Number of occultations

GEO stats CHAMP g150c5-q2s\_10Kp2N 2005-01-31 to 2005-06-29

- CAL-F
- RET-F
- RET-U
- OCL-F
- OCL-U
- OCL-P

^^^^

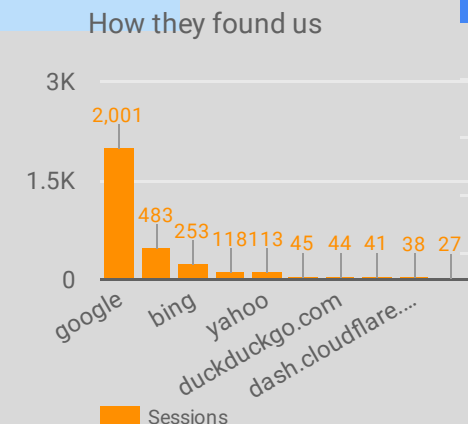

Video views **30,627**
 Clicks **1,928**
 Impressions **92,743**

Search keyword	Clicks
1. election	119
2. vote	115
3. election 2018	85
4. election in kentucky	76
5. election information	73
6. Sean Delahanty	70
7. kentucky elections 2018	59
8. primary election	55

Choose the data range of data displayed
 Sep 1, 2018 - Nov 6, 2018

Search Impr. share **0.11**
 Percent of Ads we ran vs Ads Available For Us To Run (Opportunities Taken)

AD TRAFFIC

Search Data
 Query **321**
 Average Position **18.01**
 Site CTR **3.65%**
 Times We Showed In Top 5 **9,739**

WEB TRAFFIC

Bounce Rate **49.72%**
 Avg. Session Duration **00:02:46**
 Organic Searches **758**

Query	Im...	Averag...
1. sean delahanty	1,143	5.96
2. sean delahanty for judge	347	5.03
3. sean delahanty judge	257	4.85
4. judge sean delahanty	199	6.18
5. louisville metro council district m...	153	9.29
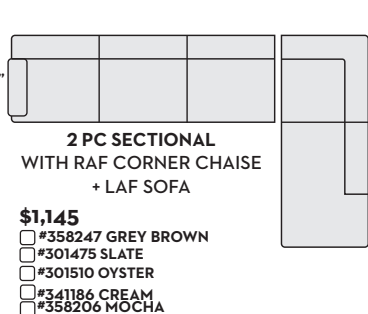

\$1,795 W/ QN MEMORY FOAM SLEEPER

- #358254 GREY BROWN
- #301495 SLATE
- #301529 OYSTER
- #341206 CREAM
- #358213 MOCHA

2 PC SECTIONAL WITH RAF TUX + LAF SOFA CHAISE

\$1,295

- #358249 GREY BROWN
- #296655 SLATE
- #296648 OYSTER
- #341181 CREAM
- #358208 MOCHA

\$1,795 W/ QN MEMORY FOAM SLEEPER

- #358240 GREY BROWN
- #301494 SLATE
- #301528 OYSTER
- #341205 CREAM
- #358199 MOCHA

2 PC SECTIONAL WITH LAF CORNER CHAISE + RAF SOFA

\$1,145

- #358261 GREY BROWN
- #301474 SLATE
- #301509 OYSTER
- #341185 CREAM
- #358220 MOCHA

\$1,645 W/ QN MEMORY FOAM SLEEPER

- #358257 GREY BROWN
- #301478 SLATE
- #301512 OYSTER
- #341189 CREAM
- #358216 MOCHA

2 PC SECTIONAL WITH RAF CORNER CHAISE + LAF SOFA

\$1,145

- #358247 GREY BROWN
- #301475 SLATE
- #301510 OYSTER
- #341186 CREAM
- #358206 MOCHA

^^^^

Find every line above where the word "WITH" occurs, and copy that line.

= The completed task =
2 PC SECTIONAL WITH RAF TUX + LAF SOFA CHAISE
2 PC SECTIONAL WITH LAF CORNER CHAISE + RAF SOFA
2 PC SECTIONAL WITH RAF CORNER CHAISE + LAF SOFA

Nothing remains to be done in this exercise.